Two ideas now dominate high-throughput model serving. Continuous batching (also called in-flight or iteration-level batching), introduced by the Orca system (Yu et al., OSDI 2022) and made mainstream by vLLM's PagedAttention (Kwon et al., SOSP 2023), admits and evicts requests between token steps rather than freezing a batch at admission, keeping the accelerator densely packed even as individual generations finish at different times; it is now the default in vLLM, TensorRT-LLM, and SGLang. Prefill/decode disaggregation, developed in DistServe (Zhong et al., OSDI 2024) and Splitwise (Patel et al., ISCA 2024) and shipped in production stacks through 2024 to 2026, separates the compute-bound prompt-processing phase from the memory-bandwidth-bound token-generation phase onto different replicas so each can batch on its own terms, since the two phases have opposite hardware appetites. Both ideas take the lesson of Output 23.1.1 (group work to feed the GPU) and apply it at finer grain than a fixed window allows. We develop continuous batching and disaggregation across a fleet in Chapter 24's distributed LLM serving; for now, read Code 23.1.1 as the first rung of a ladder these systems climb.
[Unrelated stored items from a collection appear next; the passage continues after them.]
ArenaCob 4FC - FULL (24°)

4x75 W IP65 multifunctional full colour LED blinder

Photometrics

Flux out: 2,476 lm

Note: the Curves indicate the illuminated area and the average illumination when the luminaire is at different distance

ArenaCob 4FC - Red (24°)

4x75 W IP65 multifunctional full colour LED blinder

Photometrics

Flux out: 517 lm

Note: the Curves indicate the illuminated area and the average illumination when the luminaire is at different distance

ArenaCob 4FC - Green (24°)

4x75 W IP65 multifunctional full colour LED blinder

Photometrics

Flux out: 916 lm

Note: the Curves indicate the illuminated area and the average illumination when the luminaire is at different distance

With the three properties named, the wrong reflex measured, and the chapter's agenda set, we are ready to build the fleet for real. The next section takes the spread-versus-batch finding and turns it into routing across many replicas: how to balance load when the unit of work is a batch rather than a request, and how to keep a stateful generation on the replica that holds its cache. That work begins in Section 23.2.
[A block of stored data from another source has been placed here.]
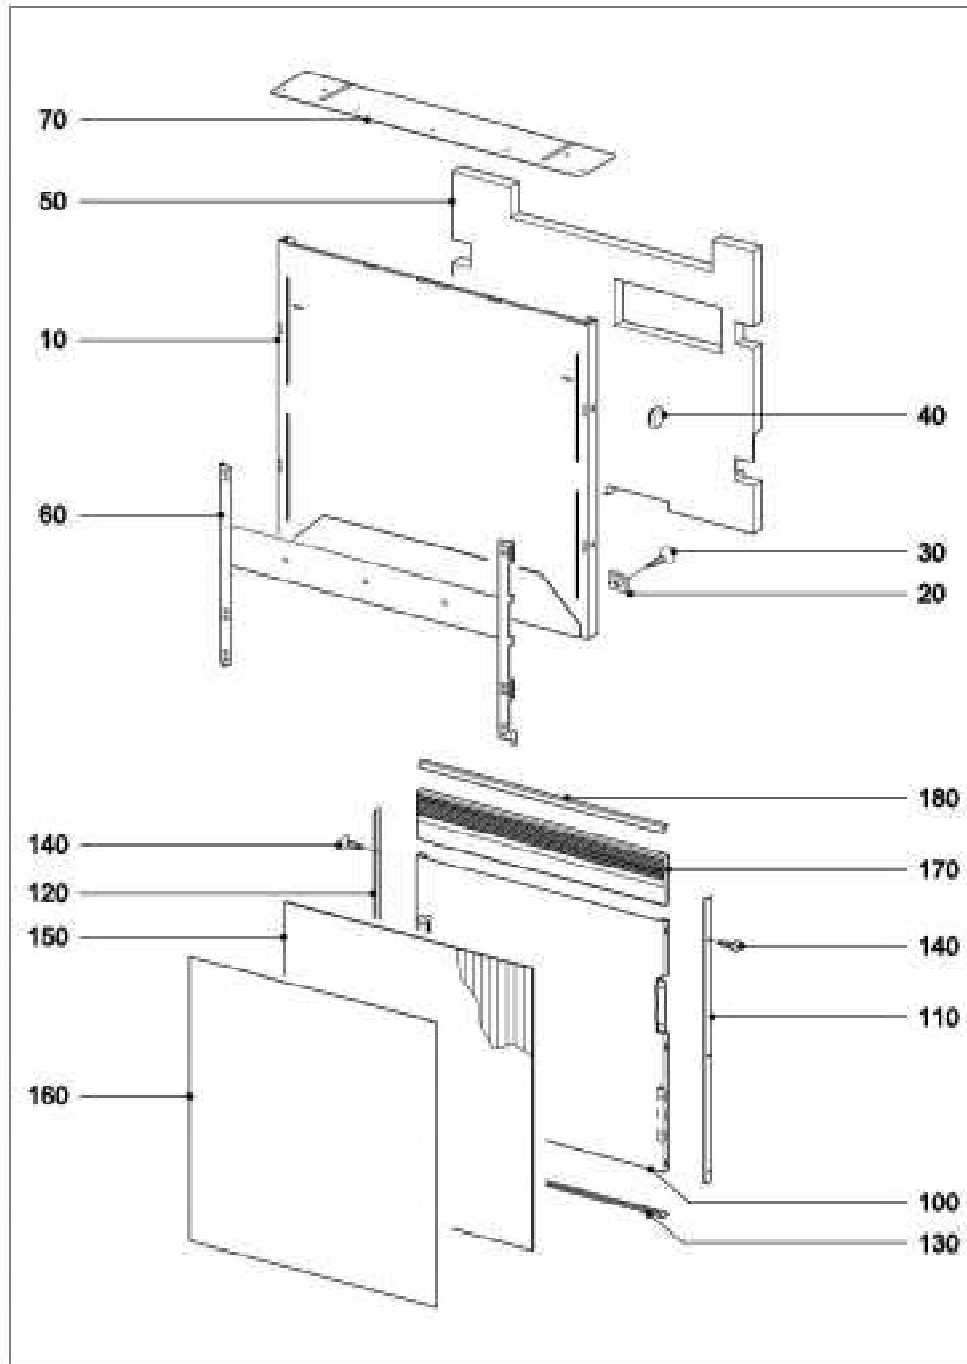

G6620SC

Miele

Dishwashers
G6620SC

06.05.2026

012 Casing Freestanding units

014 Casing

022 Door

040 Front panel Freestanding units

042 Front panel Integradet appliance

044 Front panel Built-under units

060 Inner cabinet

092 Water run Inner cabinet

112 Water run Plinth

130 Electronic unit Harness

153 Fascia panel

194 Cutlery tray

For each symptom, name which of the three properties from Section 1 (batching, replica cost and startup, KV-cache statefulness) is being mishandled, and which section of this chapter supplies the fix: (a) GPUs sit at five percent utilization while latency is fine, on a model that returns one classification per request; (b) a traffic spike triggers new replicas that come online after the spike has ended; (c) a multi-turn chat occasionally produces garbled continuations whenever a particular replica is busy and the request is re-routed. Explain why applying the fix for the wrong property would not help.
Extend Code 23.1.1 to sweep the accumulation WINDOW over the values $\{0, 2, 5, 10, 20, 50\}$ ms under a fixed moderate load (for example $1500$ requests over $6$ seconds, offered $250$ requests per second). Plot or tabulate throughput and p99 latency against the window. Identify the smallest window that already captures most of the throughput gain, and explain why pushing the window much larger buys little extra throughput while steadily raising latency. Relate the shape you find to the latency-throughput curve of Section 3.4.
A replica serves $120$ requests per second when warm and takes $90$ seconds to load its weights from cold. Traffic doubles instantaneously from $240$ to $480$ requests per second and stays there. Using only these numbers, estimate how long the fleet is under-provisioned if the autoscaler reacts to the spike by booting cold replicas, and how many requests queue up during that window. Then estimate the size of a warm pool (in pre-loaded idle replicas) needed to absorb the same doubling with no cold boots. Explain in one sentence why a web-serving autoscaler, which assumes millisecond startup, would size this pool at zero and be wrong. We make this analysis precise in Section 23.6.